That's an actual tweet from the Rev. E.W. Jackson, the Republican nominee for lieutenant governor of Virginia.

Jackson, a social-conservative activist with no record of electoral success, was nominated on the first ballot at the state GOP's convention on Saturday and almost immediately triggered an acute case of heartburn among the party's establishment due to his far-right views on gay rights and abortion. (Among other things, he favors the reinstatement of Don't Ask, Don't Tell, and said the Democratic party's platform was in line with the Antichrist.) Jackson is, as Daily Kos Elections' David Nir puts it, "an oppo researcher's mescaline-fueled fantasy bender riding on pegasus-back."

And we're only starting to scratch the surface. A quick survey of Jackson's now dormant Twitter feed, @ewjsr (he now tweets at @Jackson4VA) shows that he is been remarkably consistent in his attacks on the gays, Muslims, and communists he believes are destroying the country from within.

"The 'homosexual religion' is the most virulent anti-Christian bigotry & hatred I've ever seen," he tweeted in October of 2009. "They have threatened me, but not vice versa."

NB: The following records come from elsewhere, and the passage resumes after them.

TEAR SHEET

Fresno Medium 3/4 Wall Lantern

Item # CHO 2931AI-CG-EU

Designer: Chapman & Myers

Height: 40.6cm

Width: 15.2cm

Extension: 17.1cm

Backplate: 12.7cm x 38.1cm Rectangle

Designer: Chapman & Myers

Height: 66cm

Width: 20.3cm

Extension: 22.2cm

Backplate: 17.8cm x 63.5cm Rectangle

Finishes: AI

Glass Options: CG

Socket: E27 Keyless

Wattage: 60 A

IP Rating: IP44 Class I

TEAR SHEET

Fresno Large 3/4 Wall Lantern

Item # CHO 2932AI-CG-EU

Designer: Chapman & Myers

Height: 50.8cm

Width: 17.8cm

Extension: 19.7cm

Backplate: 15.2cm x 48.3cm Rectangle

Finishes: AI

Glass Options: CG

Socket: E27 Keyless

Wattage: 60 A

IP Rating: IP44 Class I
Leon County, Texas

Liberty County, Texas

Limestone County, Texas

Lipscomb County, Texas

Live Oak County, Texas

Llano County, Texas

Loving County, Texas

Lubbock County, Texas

That was around the same time he concluded that "[t]he homosexual movement is a cancer attacking vital organs of faith, family & military - repositories of traditional values." After President Obama addressed the Human Rights Campaign, an LGBT rights group, Jackson groveled that the organization wanted to "homosexualize the country." After Family Research Council president Tony Perkins was disinvited from an event at Andrews Air Force Base, Jackson called the Obama administration "the Gestapo." When Rush Limbaugh invited Elton John to perform at his wedding, Jackson called it "utterly disappointing." He referred to Democrats as "Demoncrats."

Elsewhere, Jackson describes President Obama as the "first homosexual President," and endorses an argument by Frank Gaffney that Obama is also the "First Muslim President."

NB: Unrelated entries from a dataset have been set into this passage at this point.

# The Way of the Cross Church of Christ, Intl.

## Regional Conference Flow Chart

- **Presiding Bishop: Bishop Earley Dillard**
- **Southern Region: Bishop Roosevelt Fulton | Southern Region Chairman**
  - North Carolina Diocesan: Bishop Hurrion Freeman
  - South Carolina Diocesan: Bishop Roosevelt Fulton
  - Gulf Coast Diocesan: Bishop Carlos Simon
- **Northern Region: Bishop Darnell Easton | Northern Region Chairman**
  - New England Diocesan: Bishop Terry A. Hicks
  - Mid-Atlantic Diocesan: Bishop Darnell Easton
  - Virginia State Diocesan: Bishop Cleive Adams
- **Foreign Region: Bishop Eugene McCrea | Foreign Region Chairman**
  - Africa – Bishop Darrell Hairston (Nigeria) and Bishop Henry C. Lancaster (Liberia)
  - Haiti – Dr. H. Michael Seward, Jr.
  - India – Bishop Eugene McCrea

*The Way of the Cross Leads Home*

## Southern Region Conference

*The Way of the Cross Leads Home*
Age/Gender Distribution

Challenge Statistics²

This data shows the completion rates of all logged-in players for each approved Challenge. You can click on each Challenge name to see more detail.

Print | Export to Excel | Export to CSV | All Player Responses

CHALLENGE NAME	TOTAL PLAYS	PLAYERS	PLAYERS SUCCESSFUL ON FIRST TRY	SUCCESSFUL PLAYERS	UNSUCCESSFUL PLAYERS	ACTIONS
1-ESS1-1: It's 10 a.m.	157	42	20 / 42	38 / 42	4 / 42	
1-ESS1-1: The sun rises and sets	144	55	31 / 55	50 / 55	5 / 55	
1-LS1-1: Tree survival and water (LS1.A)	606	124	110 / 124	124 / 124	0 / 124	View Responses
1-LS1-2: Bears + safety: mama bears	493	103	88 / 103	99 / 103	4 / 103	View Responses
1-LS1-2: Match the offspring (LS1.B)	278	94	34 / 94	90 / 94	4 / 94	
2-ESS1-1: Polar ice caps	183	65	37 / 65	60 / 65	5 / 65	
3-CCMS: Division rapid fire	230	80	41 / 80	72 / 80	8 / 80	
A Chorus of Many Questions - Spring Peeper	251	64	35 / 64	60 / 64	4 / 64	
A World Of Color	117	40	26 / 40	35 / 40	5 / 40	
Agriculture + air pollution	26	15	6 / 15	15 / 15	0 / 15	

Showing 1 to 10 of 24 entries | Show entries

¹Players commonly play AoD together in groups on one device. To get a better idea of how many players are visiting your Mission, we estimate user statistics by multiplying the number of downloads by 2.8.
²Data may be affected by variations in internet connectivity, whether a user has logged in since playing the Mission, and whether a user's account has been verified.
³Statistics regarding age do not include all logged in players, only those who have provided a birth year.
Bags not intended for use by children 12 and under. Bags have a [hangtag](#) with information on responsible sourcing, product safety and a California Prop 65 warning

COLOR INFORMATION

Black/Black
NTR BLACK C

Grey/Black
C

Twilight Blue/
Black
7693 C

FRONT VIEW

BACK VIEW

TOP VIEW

Jackson, a Harvard Law School graduate and former student at Harvard Divinity School, recognized the contradiction in these statements, and openly struggled with it: "It will be interesting to see how Obama reconciles Islamicizing America with homosexualizing America," he tweeted. "Babylon v Sodom & Gomorrah." (The Baylonians weren't Muslim, but that's hardly the point.) Jackson considered it "tragic" that American foreign policy was, in his view, now "pro-Islam."

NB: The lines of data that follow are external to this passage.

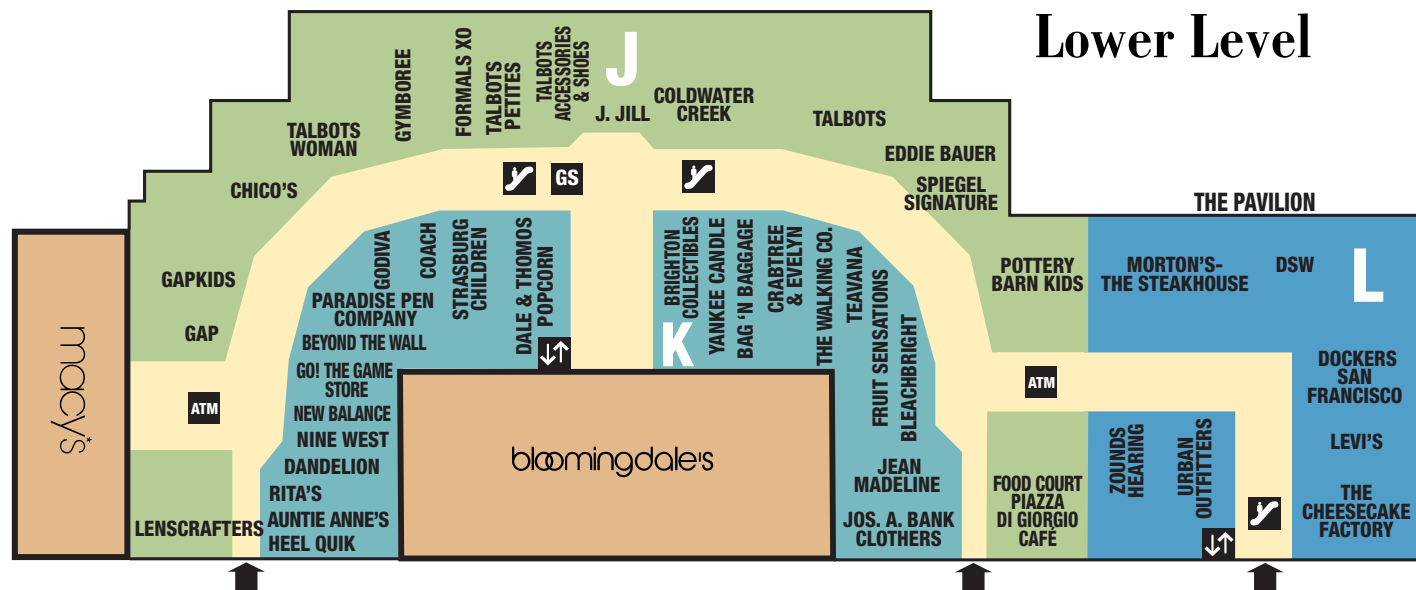

The Plaza Upper Level

The Plaza Lower Level

Legend

- ENTRANCE
- GUEST SERVICES
- ATM
- RESTROOMS
- FAMILY RESTROOMS
- TRANSIT CENTER
- MOTORCOACH DROP OFF/PICK UP
- ELEVATOR
- ESCALATOR

The Crosswalk

The outdoor walkway that connects The Plaza and The Court.
Please see reverse for view of the entire center.

The Court

Third Level

Upper Level

Lower Level

Legend

- ENTRANCE
- GUEST SERVICES
- ATM
- RESTROOMS
- FAMILY RESTROOMS
- TRANSIT CENTER
- MOTORCOACH DROP OFF/PICK UP
- ELEVATOR
- ESCALATOR

The Crosswalk

The outdoor walkway that connects The Plaza and The Court. Please see reverse for view of the entire center.
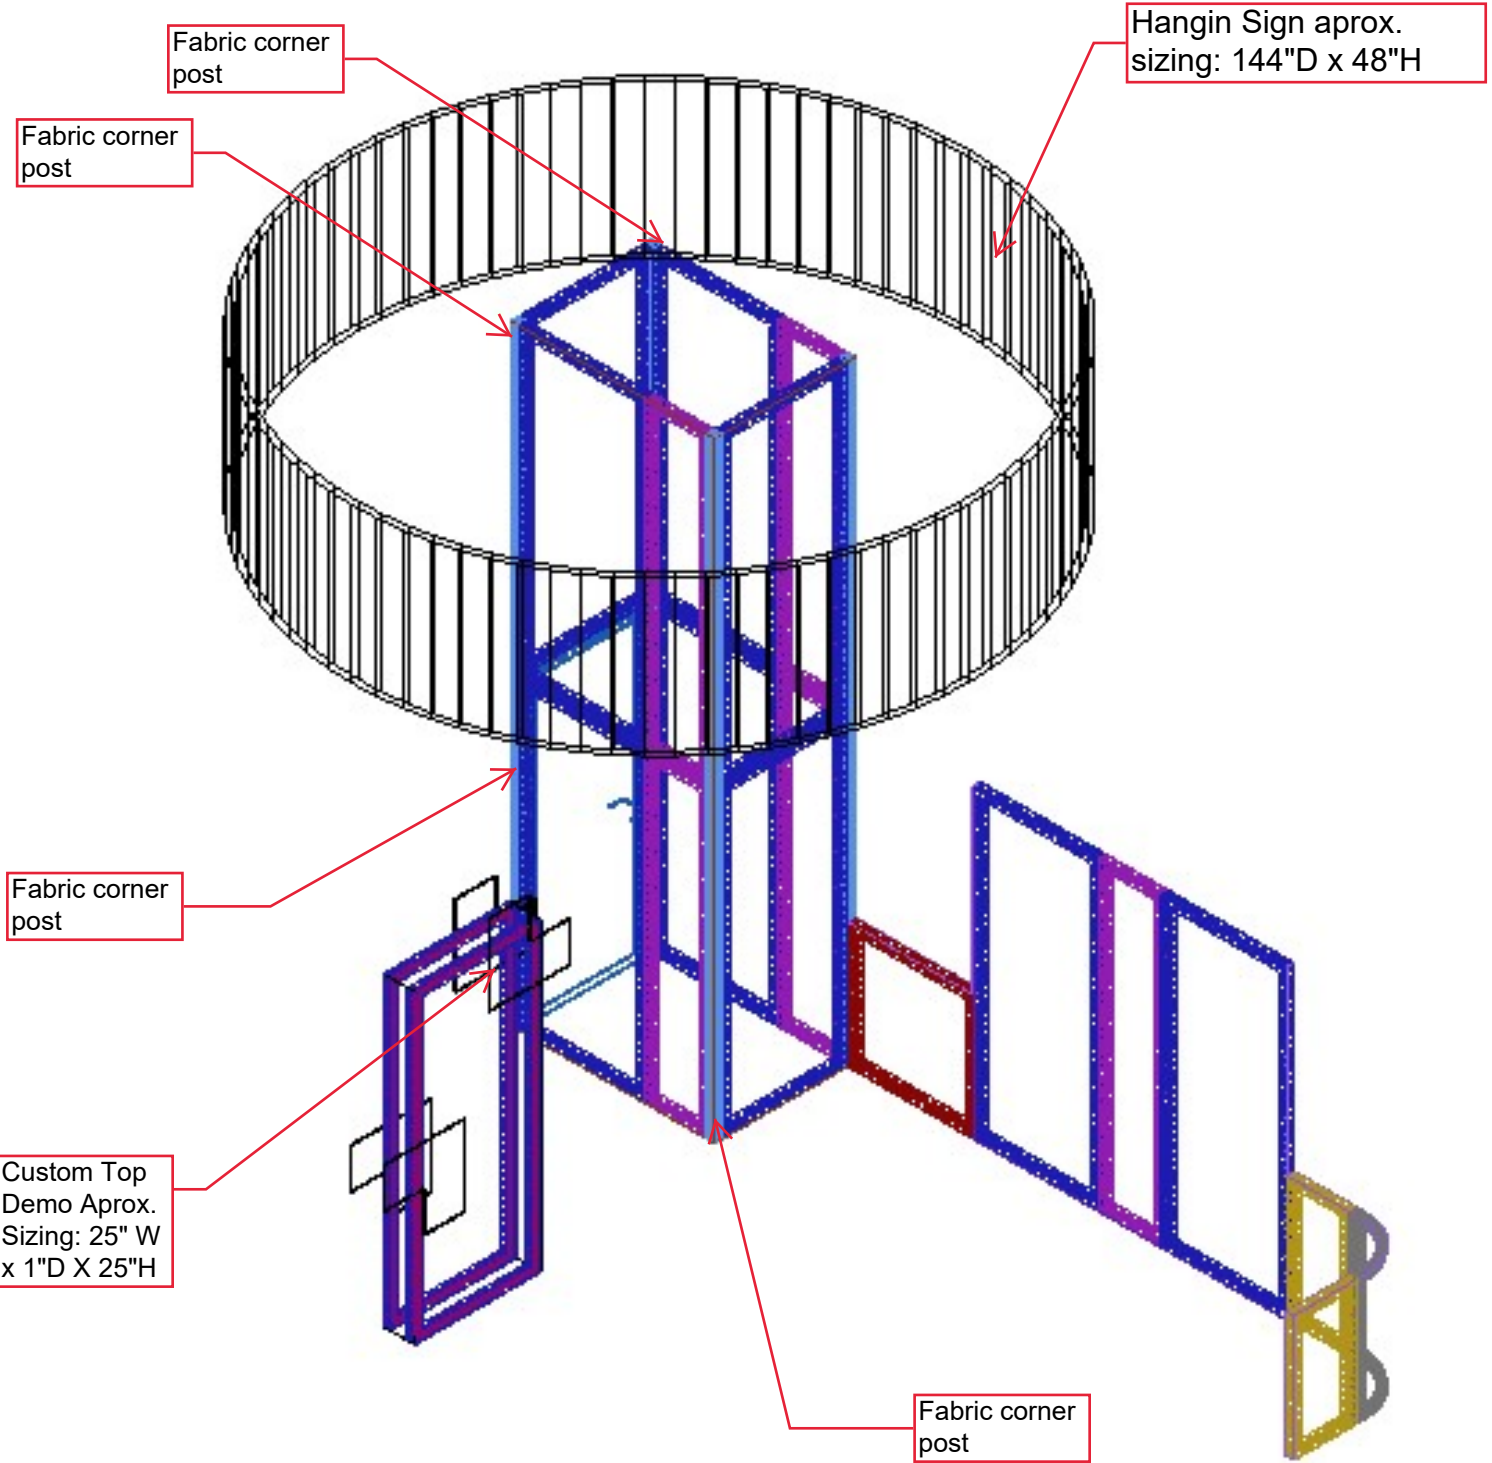

x2 42" TV monitor  
 mounted at 65" to the  
 center

x4 Counter 505 size.  
 39"Wx19.5"Dx39"H

65" TV monitor mounted  
 at 65" to the center

Carpet Flooring

x2 Pedestal  
 size: 19.5"Wx19.5"Dx39"H  
 with Kicktoe Lighting

**Structural Overview - Wireframe**

Panel Count  
 39"x95" -11  
 19.5"x95" -5  
 39"x39" -1  
 19.5" x 39" -2  
 39"x95"(Door) -1  
 Curved Panel  
 R1.4 x39 -1

Sizing Subject to change Based on Client Recommendation.

**Matrix Panel Color Legend**

- 39 x 95
- 39 x 78
- 39 x 39
- 19.5 x 95
- 19.5 x 78
- 19.5 x 39
- 19.5 x 19.5
- 39x95 (Door)
- Custom Panel  + Size
- R9  + Length
- R14  + Length
- R4  + Length
- R29  + Length

**Structural Overhead**

Matrix Panel Color Legend

- 39 x 95
- 39 x 78
- 39 x 39
- 19.5 x 95
- 19.5 x 78
- 19.5 x 39
- 19.5 x 19.5
- 39x95 (Door)
- Custom Panel  + Size
- R9  + Length
- R14  + Length
- R4  + Length
- R29  + Length

He was also bothered by the presence of practicing Muslims in the administration:

Jackson's fear of Muslims was such that after an Air France flight crashed into the Atlantic Ocean and a gunman opened fire at the Holocaust Museum in Washington, DC, in 2009, he immediately alleged—citing absolutely nothing—that both events had been acts of Islamic terrorism. (The Holocaust Museum gunman was a white supremacist, and the Air France crash was ruled an accident). Responding to a report that Obama was hoping to use his space agency as a way of reaching out to to the Muslim world, he was indignant: "Obama's new mission for Nasa, not to explore space, but expand Islam! Huh?"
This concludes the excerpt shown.